Records from a data source
------
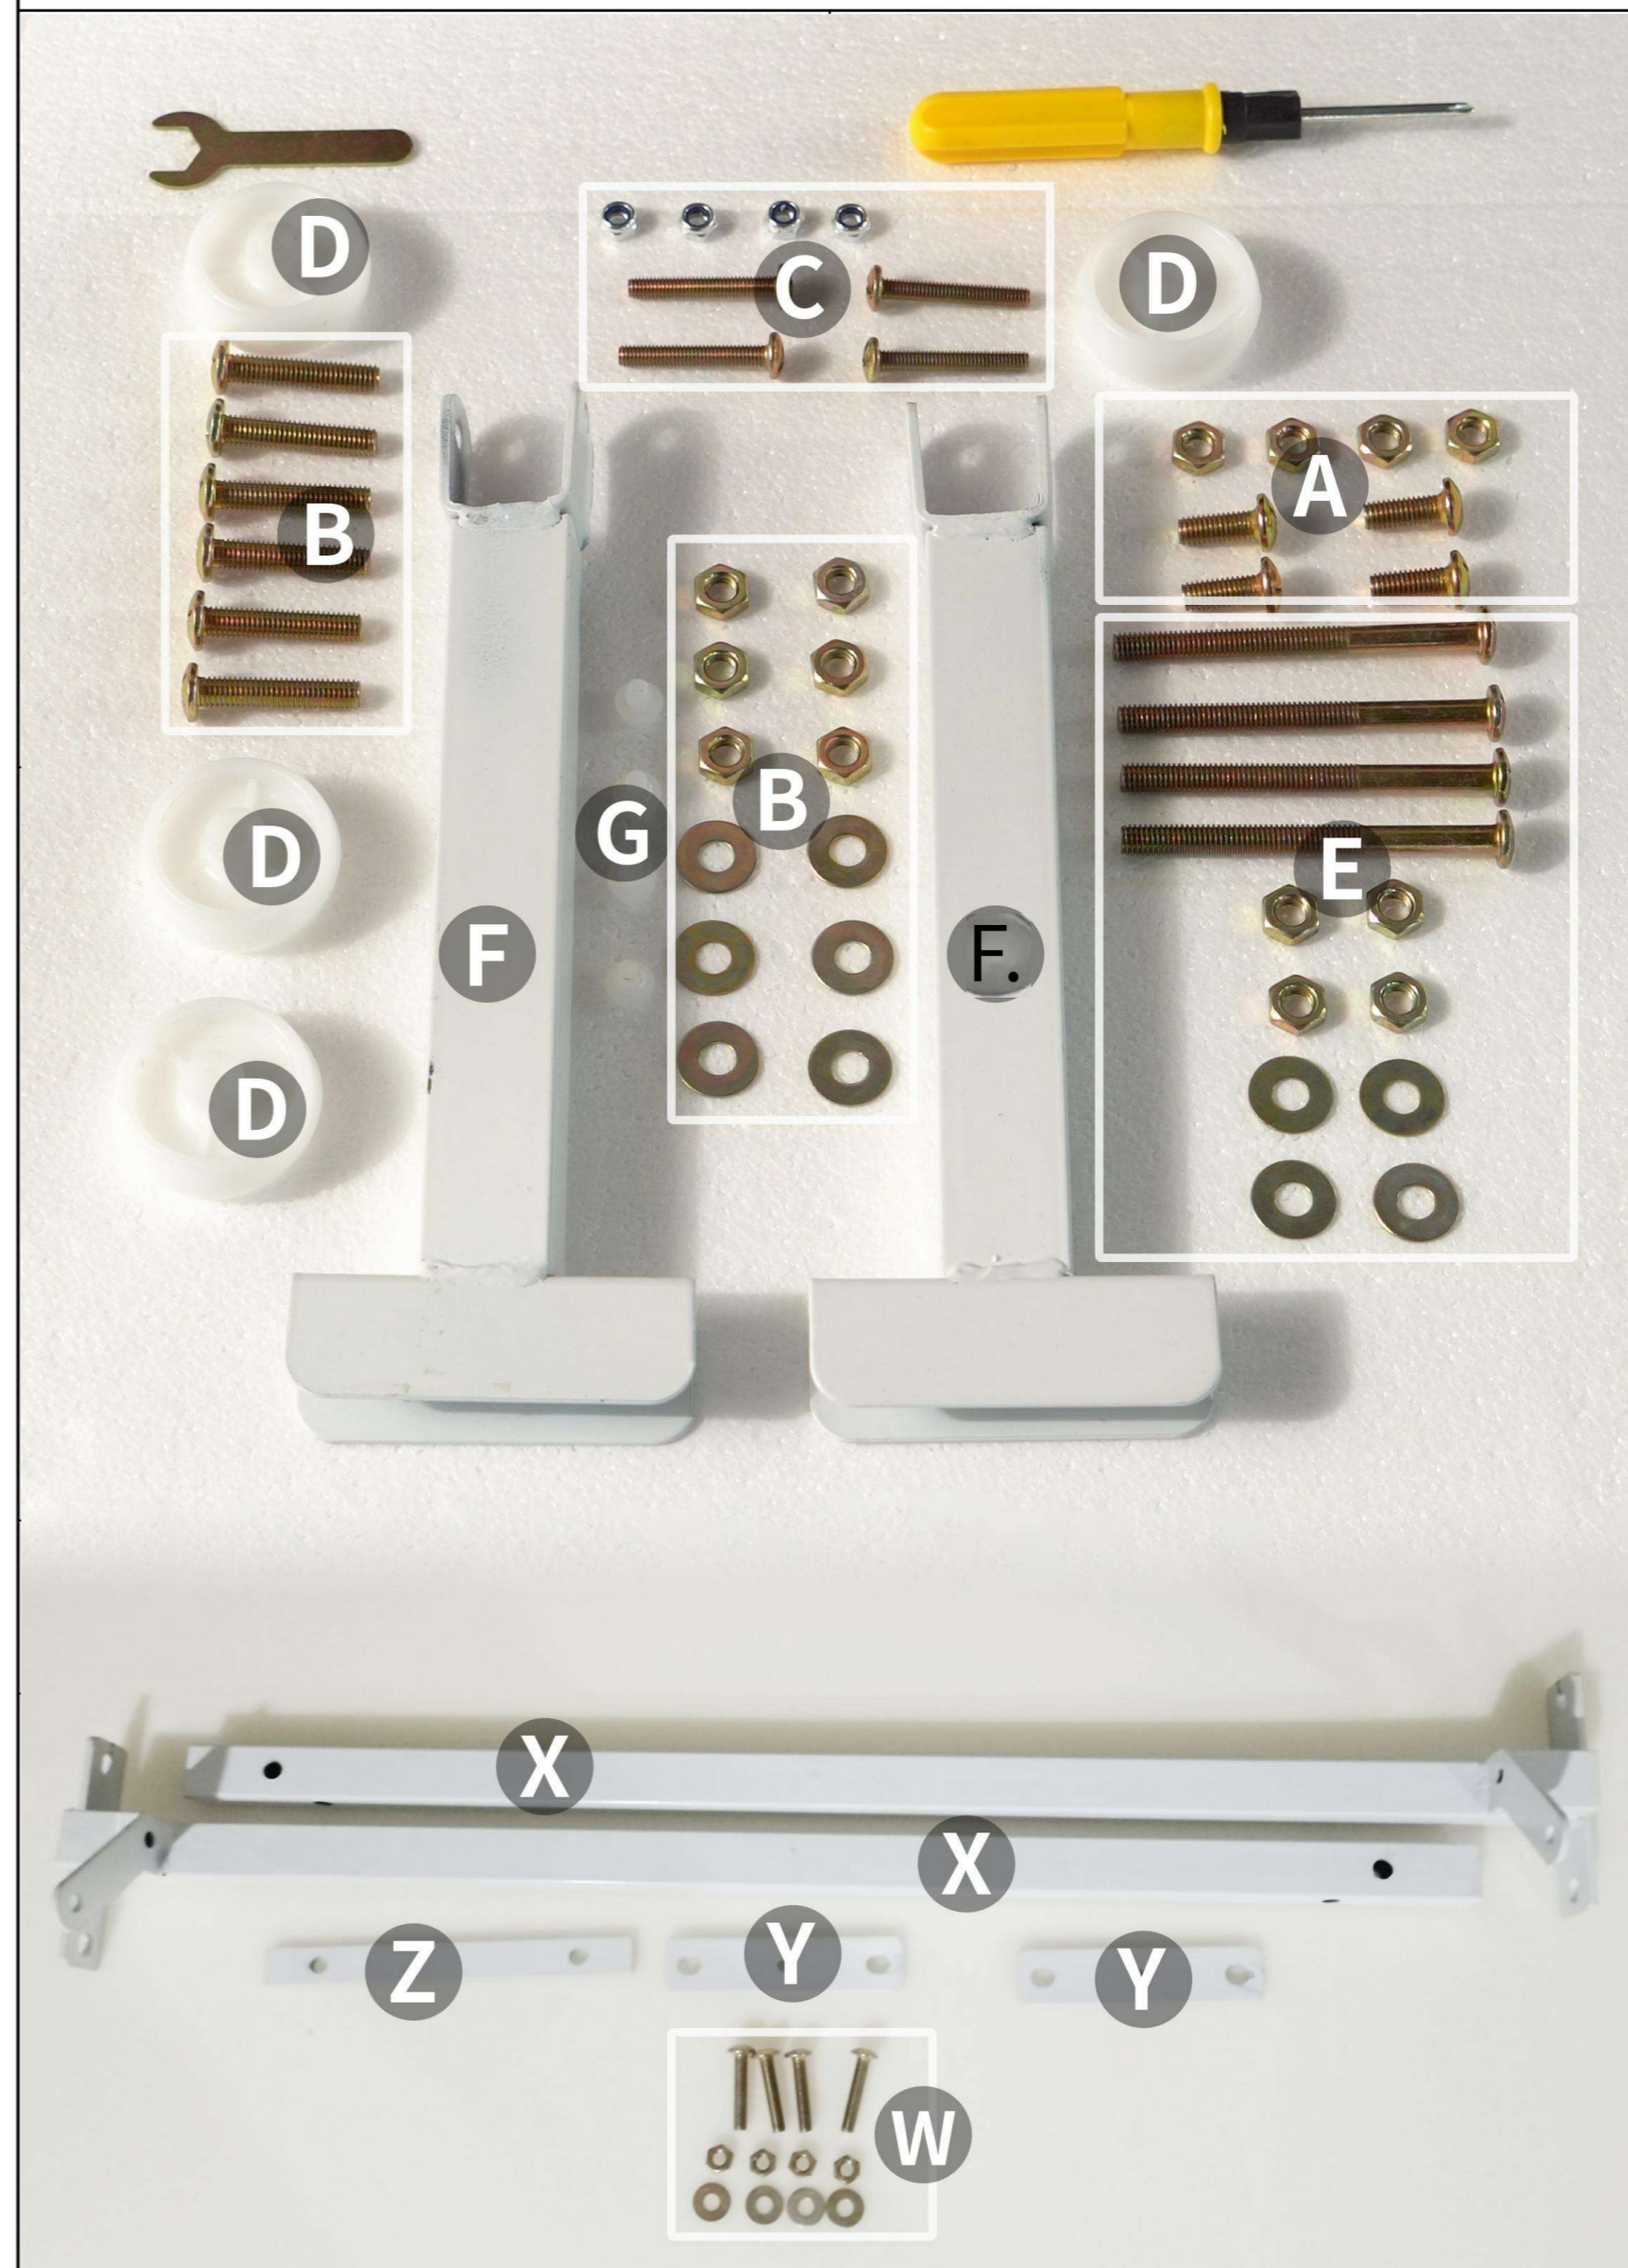

Sleeper Sofa Installation

INSTALLATION MANUAL Tools You Will Need:

Hexagon wrench

Philips Screwdriver

Before the Installation

1. Do not throw away packing materials until assembly is complete for small parts may come loose inside the carton during shipment. If parts are missing, please contact us.
2. Assemble this item on a soft surface, such as carpet to protect the finish.
3. Proper assembly of this item requires 2 people.
4. Periodically check to ensure that all connections are tight.
5. It is recommended that installation of the product be done by a qualified licensed plumber.

STEP 8

OVERALL UNFOLDING DISPLAY

SOFA BED UNFOLDING STEPS

2

3

Installation von Schlafsofas

Sechskantschlüssel

Philips-Schraubendreher

Vor der Installation

4. Überprüfen Sie regelmäßig, ob alle Verbindungen fest sind.

Liste der Einzelteile

Liste der Einzelteile

SCHRITT 1

SCHRITT 2

SCHRITT 3

SCHRITT 4

SCHRITT 5

SCHRITT 6

SCHRITT 7

SCHRITT 8

GESAMTAUSFLUGSDISPLAY

SOEA BETT AUSKLAPPBAR

2

3
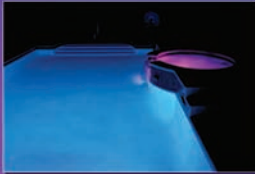

# RAINBOW RAYS®

High Intensity

LED Multi-Colour  
Pool Lights

- 0 4 x Brighter than our Original **RAINBOW RAYS**®
- 0 Environmentally Friendly
- 0 Energy Efficient

Select your mood from a spectrum of colours.

**RAINBOW** Solid colour Select  
· White, Blue,  
Green, Pink, Turquoise

**RAINBOW** Transition  
· All colours  
Transition

**RAINBOW** Blue/Green  
· Blue/Green  
Transition

**RAINBOW** Flash  
· Strobe  
All colours
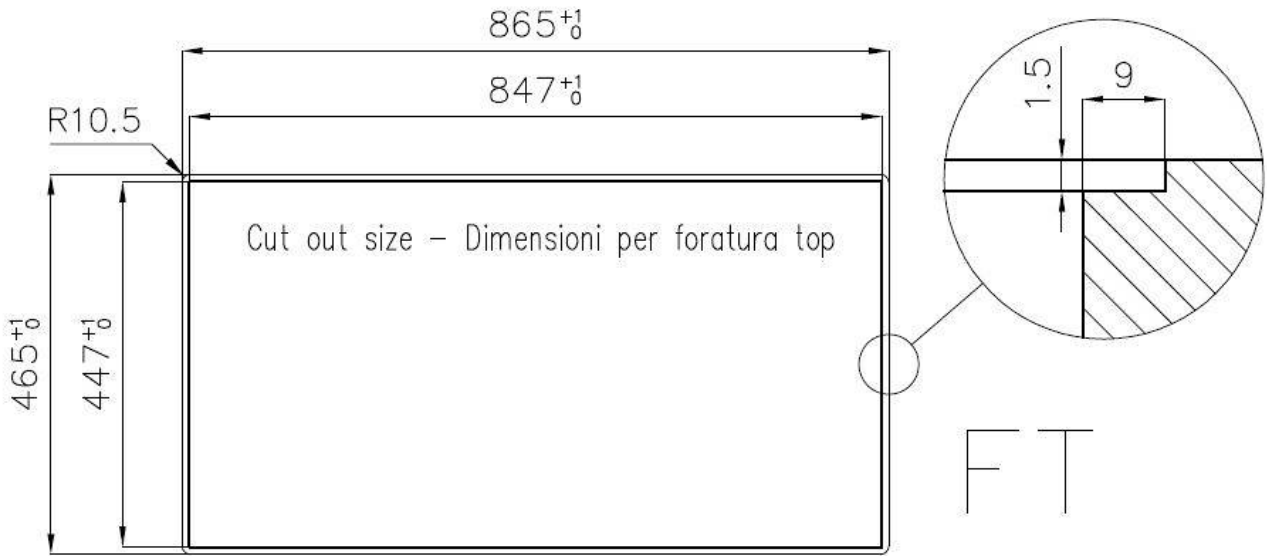

Sink Quadra

Kitchen Sinks

Code: 1218 050

DETAILS

Edge/Installation Type	Flush-mount Top-mount
Finish	Foster brushed
Material	AISI 304 stainless steel
Texture	Brushed in line
Base	90 cm
Dimensions	864x464 mm
Standard fittings	Fixing hooks, gasket, drain, overflow and siphon, boxed packing
Mixer holes	No standard holes
Built-in hole	View technical data sheet

Drainer No

Width 86 cm

Bowl dimension 800x400mm

Number of bowls 1 bowl

Waste fitting 3,5" drain

FEATURES

Basket 3,5" waste fitting The drain is equipped with a large 3.5" drain, with the practical basket cap that prevents the discharge of solid parts.

High thickness 1mm thick steel. A significant thickness, which guarantees the maximum sturdiness and durability.

Perimetral overflow The overflow is always a security on the Foster sinks that prevents the overflow of water in case of oversights. The perimeter drain solution improves aesthetics thanks to its square and essential shape.

Squared bowls - 0/9 radius The square bowls of Foster have perfectly squared vertical edges, while those on the bottom have a small radius of 9 mm that facilitates cleaning operations.

TECHNICAL DATA

Lavello serie Quadra cod. 1218/050
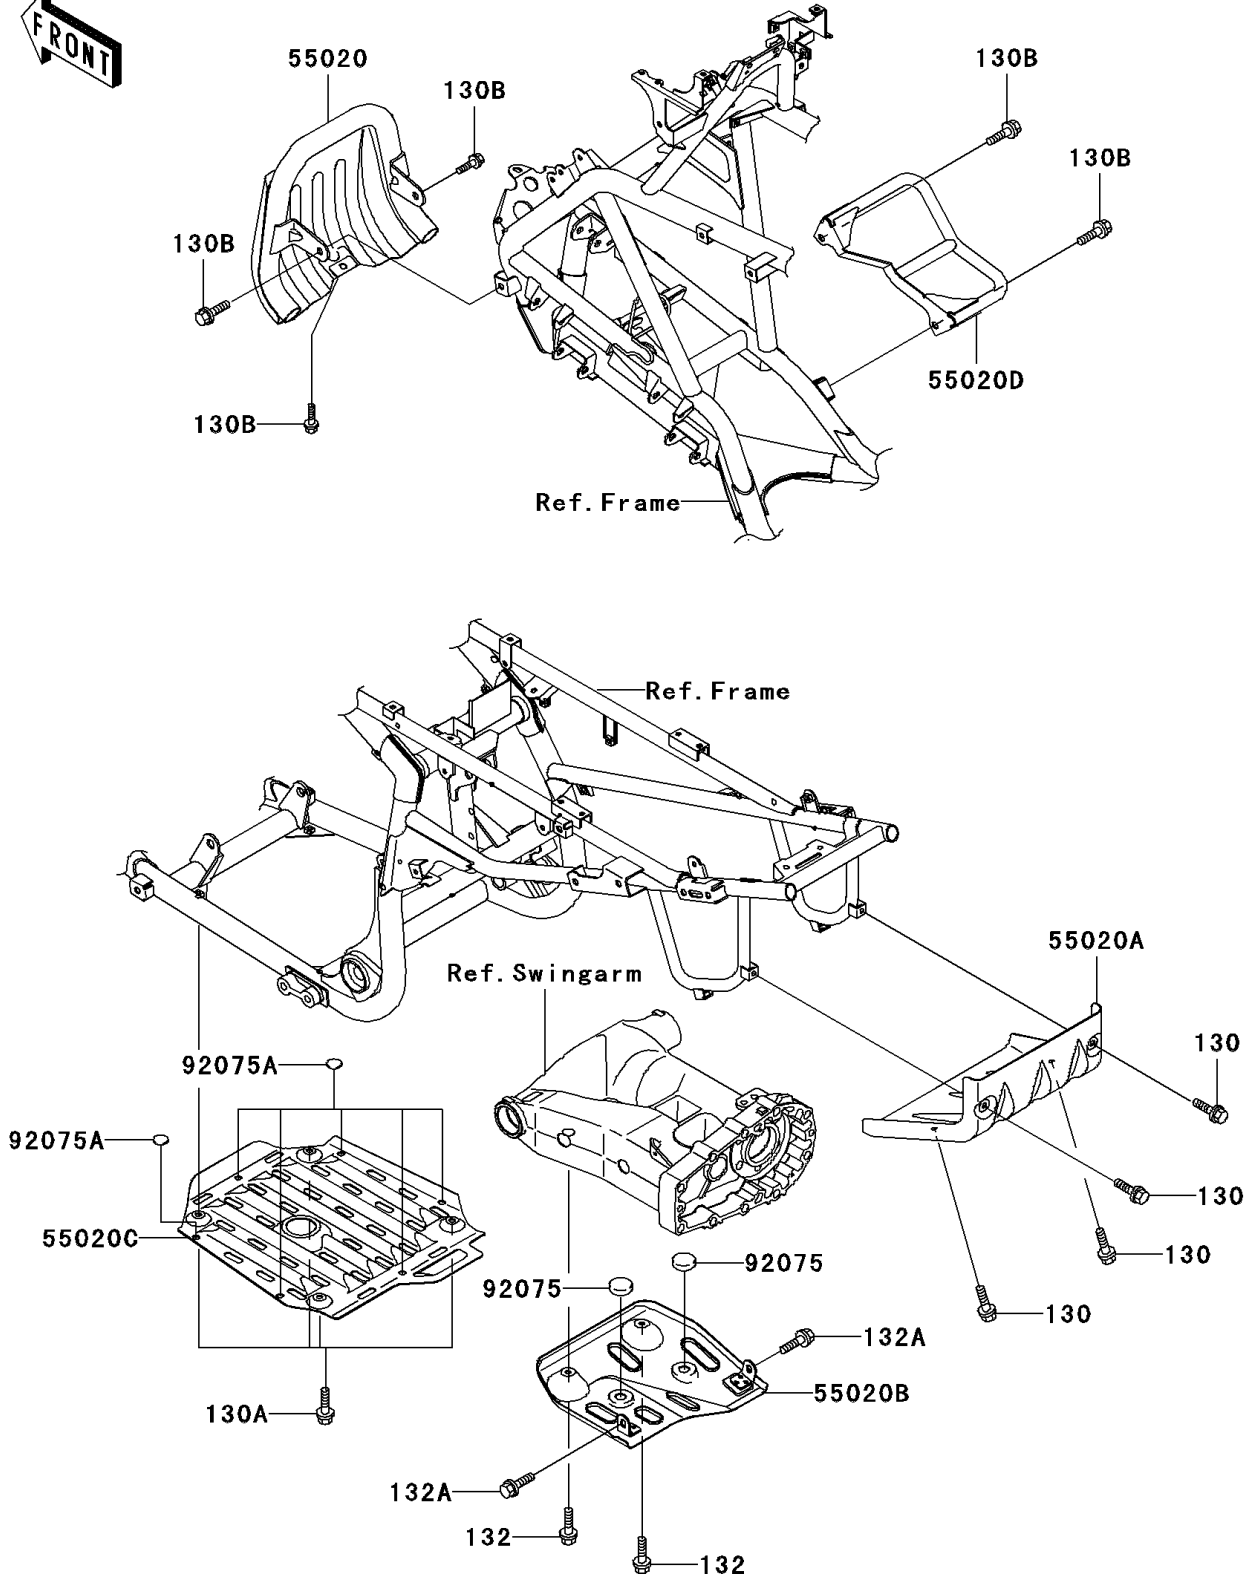

2005 KFX700 PARTS DIAGRAM

Guard(s)

F2680

2005 KFX700 PARTS LIST

Guard(s)

ITEM NAME	PART NUMBER	QUANTITY
BOLT-FLANGED (Ref # 130)	130J0610	1
BOLT-FLANGED (Ref # 130A)	130J0612	1
BOLT-FLANGED,8X14 (Ref # 130B)	130J0814	1
BOLT-FLANGED-SMALL (Ref # 132)	132J0612	1
BOLT-FLANGED-SMALL,8X16 (Ref # 132A)	132J0816	1
GUARD,FR,G.GRAY (Ref # 55020)	55020-0010-HN	1
GUARD,FUEL TANK (Ref # 55020A)	55020-0011	1
GUARD,SWING ARM (Ref # 55020B)	55020-0032	1
GUARD,ENGINE (Ref # 55020C)	55020-1802	1
GUARD,BELT CONVERTER,G.GRAY (Ref # 55020D)	55020-1810-HN	1
DAMPER (Ref # 92075)	92075-157	1
DAMPER,RUBBER (Ref # 92075A)	92075-261	1
------
> [Assignment] Would you write each entry out again exactly, omitting the images?

> [Exercise solution]
Sleeper Sofa Installation

INSTALLATION MANUAL Tools You Will Need:

Hexagon wrench

Philips Screwdriver

Before the Installation

1. Do not throw away packing materials until assembly is complete for small parts may come loose inside the carton during shipment. If parts are missing, please contact us.
2. Assemble this item on a soft surface, such as carpet to protect the finish.
3. Proper assembly of this item requires 2 people.
4. Periodically check to ensure that all connections are tight.
5. It is recommended that installation of the product be done by a qualified licensed plumber.

STEP 8

OVERALL UNFOLDING DISPLAY

SOFA BED UNFOLDING STEPS

2

3

Installation von Schlafsofas

Sechskantschlüssel

Philips-Schraubendreher

Vor der Installation

4. Überprüfen Sie regelmäßig, ob alle Verbindungen fest sind.

Liste der Einzelteile

Liste der Einzelteile

SCHRITT 1

SCHRITT 2

SCHRITT 3

SCHRITT 4

SCHRITT 5

SCHRITT 6

SCHRITT 7

SCHRITT 8

GESAMTAUSFLUGSDISPLAY

SOEA BETT AUSKLAPPBAR

2

3

# RAINBOW RAYS®

High Intensity

LED Multi-Colour  
Pool Lights

- 0 4 x Brighter than our Original **RAINBOW RAYS**®
- 0 Environmentally Friendly
- 0 Energy Efficient

Select your mood from a spectrum of colours.

**RAINBOW** Solid colour Select  
· White, Blue,  
Green, Pink, Turquoise

**RAINBOW** Transition  
· All colours  
Transition

**RAINBOW** Blue/Green  
· Blue/Green  
Transition

**RAINBOW** Flash  
· Strobe  
All colours

Sink Quadra

Kitchen Sinks

Code: 1218 050

DETAILS

Edge/Installation Type	Flush-mount Top-mount
Finish	Foster brushed
Material	AISI 304 stainless steel
Texture	Brushed in line
Base	90 cm
Dimensions	864x464 mm
Standard fittings	Fixing hooks, gasket, drain, overflow and siphon, boxed packing
Mixer holes	No standard holes
Built-in hole	View technical data sheet

Drainer No

Width 86 cm

Bowl dimension 800x400mm

Number of bowls 1 bowl

Waste fitting 3,5" drain

FEATURES

Basket 3,5" waste fitting The drain is equipped with a large 3.5" drain, with the practical basket cap that prevents the discharge of solid parts.

High thickness 1mm thick steel. A significant thickness, which guarantees the maximum sturdiness and durability.

Perimetral overflow The overflow is always a security on the Foster sinks that prevents the overflow of water in case of oversights. The perimeter drain solution improves aesthetics thanks to its square and essential shape.

Squared bowls - 0/9 radius The square bowls of Foster have perfectly squared vertical edges, while those on the bottom have a small radius of 9 mm that facilitates cleaning operations.

TECHNICAL DATA

Lavello serie Quadra cod. 1218/050

2005 KFX700 PARTS DIAGRAM

Guard(s)

F2680

2005 KFX700 PARTS LIST

Guard(s)

ITEM NAME	PART NUMBER	QUANTITY
BOLT-FLANGED (Ref # 130)	130J0610	1
BOLT-FLANGED (Ref # 130A)	130J0612	1
BOLT-FLANGED,8X14 (Ref # 130B)	130J0814	1
BOLT-FLANGED-SMALL (Ref # 132)	132J0612	1
BOLT-FLANGED-SMALL,8X16 (Ref # 132A)	132J0816	1
GUARD,FR,G.GRAY (Ref # 55020)	55020-0010-HN	1
GUARD,FUEL TANK (Ref # 55020A)	55020-0011	1
GUARD,SWING ARM (Ref # 55020B)	55020-0032	1
GUARD,ENGINE (Ref # 55020C)	55020-1802	1
GUARD,BELT CONVERTER,G.GRAY (Ref # 55020D)	55020-1810-HN	1
DAMPER (Ref # 92075)	92075-157	1
DAMPER,RUBBER (Ref # 92075A)	92075-261	1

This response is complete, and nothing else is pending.